Recommendation 13: Nordic TSO Hybrid Threat Operational Protocol. Nordic TSOs in coordination with national cybersecurity agencies should develop a joint operational protocol for coordinated response to hybrid and state-sponsored threats against energy infrastructure. The protocol should address four gaps that the current Nordic System Operation Agreement Annex on Operational Planning does not cover. First, classification and escalation procedures for incidents where hostile intent is suspected but not confirmed, covering the period between initial anomaly detection and formal attribution. Second, cross-border notification obligations with defined timescales when a hybrid incident affecting one TSO's infrastructure may have consequences for neighbouring systems. Third, operational coordination procedures for simultaneous or cascading multi-asset disruption scenarios, including defined lines of communication between TSO operational centres, national cybersecurity agencies, and relevant military and intelligence contacts.

8.1.5 Integration of self-governed and autonomous regions in regional cooperation

Section 4 highlighted the two-tier participation by Nordic governments in regional cooperation mechanisms. Mainland (Denmark, Finland, Norway and Sweden) TSOs and ministries cooperate closely with each other, while self-governed regions are less engaged. On one hand, selective participation and flexibility are a strength in Nordic cooperation. Countries with very different needs and capacities are able to come together and selectively focus on the issues that matter to them most. At the same time, the special needs of the self-governed regions are not fully accounted for in current cooperation formats.

Short-term (0–3 years)

Recommendation 14: Dedicated Nordic Islands Energy Security Assessment. Commission a dedicated assessment of energy security in Island Energy Systems: the Faroe Islands, Greenland, Gotland, Iceland and Åland. The assessment should pay special focus on five dimensions: supply chain vulnerabilities including maritime logistics; repair capacity constraints for isolated systems; governance gaps in current cooperation arrangements; local renewable energy pathways as a security measure; and options for differentiated participation in Nordic cooperation frameworks.

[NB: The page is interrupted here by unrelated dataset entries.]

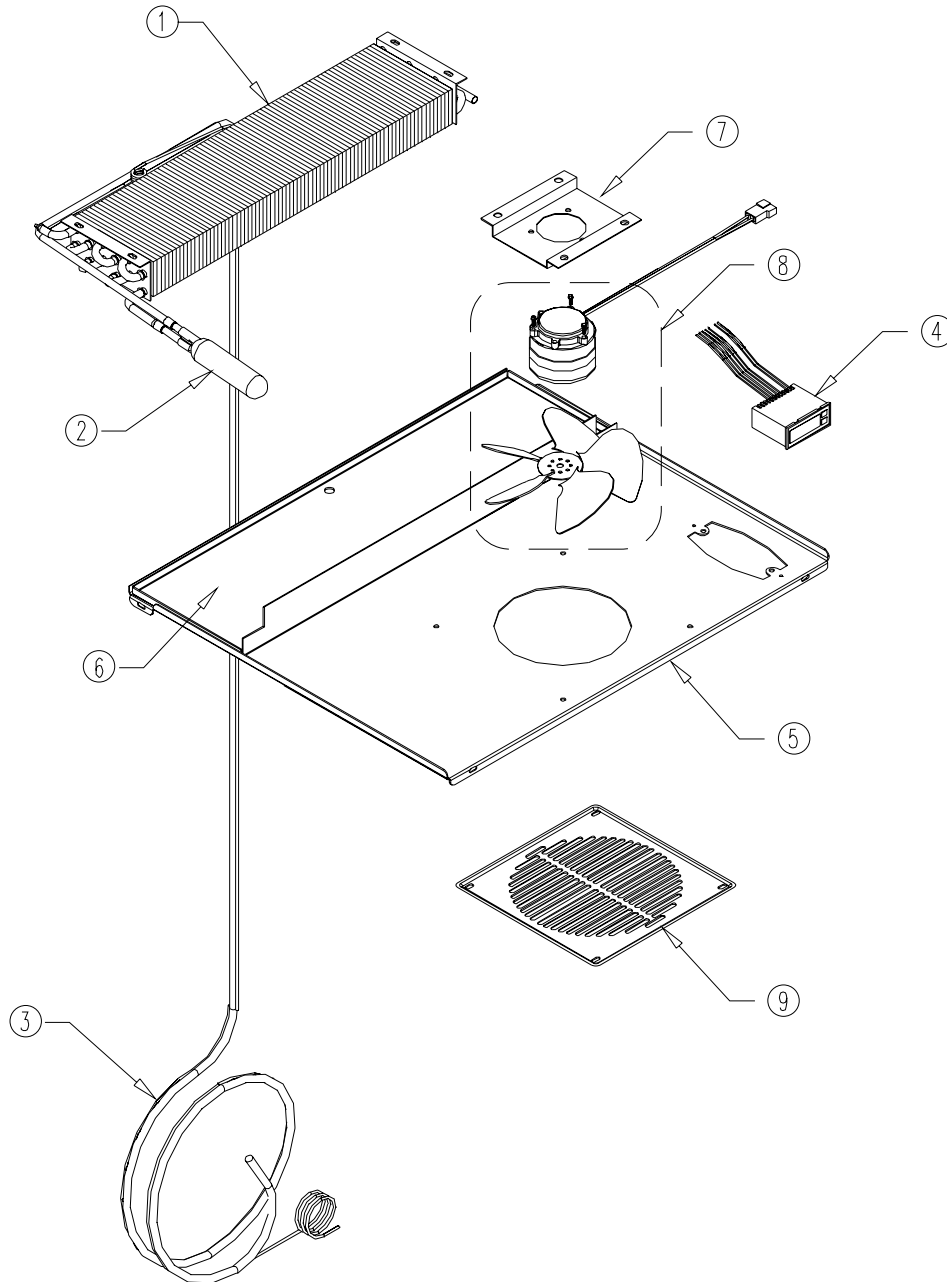

ILLUSTRATED PARTS LIST REACH-IN REFRIGERATOR

COR23RRBM EXPLODED VIEW

FIGURE 1

Item No.	Part No.	Name
3	FIGURE 3	Condensing unit 1/4 HP 115V/60Hz
4	1034966	Swing door system
6	1034976	Front panel
7	1034919	Pilaster 48"

Item No.	Part No.	Name
8	1034977	Flat shelf
9	1033450	Shelf clips
10	1034978	Front grill
11	1033235	Leveling legs

COR23RRBM

REFRIGERATION SYSTEM

FIGURE 2

Item No.	Part No.	Name
1	1034884	Evaporator
2	1033243	Accumulator
3	1035391	Heat exchanger
4	1034965	Electronic thermostat

Item No.	Part No.	Name
6	1034902	Evaporator pan
7	1033245	Fan motor bracket
8	1034855	Fan motor and blade
9	1033247	Fan guard

COR23RRBM

CONDENSING UNIT ASSEMBLY AND ITS COMPONENTS

FIGURE 3

Item No.	Part No.	Name
		Complete unit 1/4 HP 115V/60Hz
1	1033248	Compressor 1/4 HP 115V/60Hz
2	1033250	Overload protector 4TM762PFBZZ-53
3	1033251	Relay 213516094
4	1034887	Electrical box
5	1033234	Start capacitor 243-292 μ F

Item No.	Part No.	Name
6	1034882	Condenser
7	1034883	Condenser shroud
8	1034855	Condenser fan motor and blade
9	1033253	Drier
10	1033254	Compressor evaporation tray
11	1033255	Power cord

COR23RRBM

SWING DOOR ASSEMBLY AND ITS COMPONENTS

8.2. Strengthening Nordic electricity security cooperation

8.2.1 Market design for flexibility and adequacy

The February crunch is the most specific near-term adequacy vulnerability identified in Section 2 and Section 5. It is a governance problem as much as a technical one. The Nordic electricity system is not five national systems that happen to be connected; it is one integrated system that operates as a whole, and national actions create externalities for neighbours.
Recommendation 15: Nordic TSO Demand Pipeline Protocol. Establish a formal protocol for cross-border sharing of major new electricity demand project pipelines. When a project above a defined threshold (e.g. 50 MW) receives grid connection approval in any Nordic country, the relevant TSO notifies all other Nordic TSOs and the Nordic RCC. This enables regional adequacy calculations to account for simultaneous demand surges. The protocol is achievable within existing Nordic RCC structures and existing TSO bilateral relationships. This is one of the most achievable and highest-value near-term measures in this roadmap to address challenges related to electrification dynamics. The scale of the problem is visible in Norway's data centre connection queue alone, which had reached 5.4 GW of reserved capacity by early 2026.
Recommendation 16: Nordic Adequacy Framework Alignment. Agree a common Nordic methodology for adequacy assessment. The methodology covers three components: a shared approach to electrification scenario development across the four mainland Nordic countries, accounting for both data centre demand growth and the trajectory of new capacity additions; a common value-of-lost-load (VoLL) methodology enabling cross-border cost comparison, in line with the ACER Security of Supply 2024 recommendations; and agreed criteria for what counts as an adequate reserve margin in a weather-dependent system with growing dependence on variable renewable generation. This is the prerequisite for coordinated investment in flexibility resources, and it builds directly on the precedent set by NER’s 2025 Toolbox for a Secure Energy Supply.

Medium-term (3–10 years)

Recommendation 17: Coordinated Capacity and Flexibility Mechanisms. Explore the introduction of new national capacity remuneration mechanisms or flexibility market designs, coordinate the design to avoid cross-border distortions and market fragmentation. Joint procurement is explored for pan-Nordic flexibility resources, particularly for cross-border demand response and shared strategic reserve arrangements, drawing on the Nordic Energy Research (NER) Toolbox finding that dispatchable flexible reserve mechanisms benefit from cross-border participation when transmission constraints are accounted for.
Recommendation 18: Data Centre Energy Security Integration. Develop Nordic guidelines for data centre siting, grid connection, backup power requirements, and demand response participation. The guidelines treat data centres as critical energy loads that require security classification distinct from other industrial loads in their concentration and inelasticity. Three components are essential. First, data centres above a defined size threshold must participate in demand response programmes during system stress events. Second, backup generation capacity (typically 72-hour diesel reserves at hyperscale facilities) is given credit in national resilience assessments. Third, the integration between data centre waste heat and district heating security is addressed in regulatory frameworks for both sectors, given the operational link Finnish data centres already create between the two.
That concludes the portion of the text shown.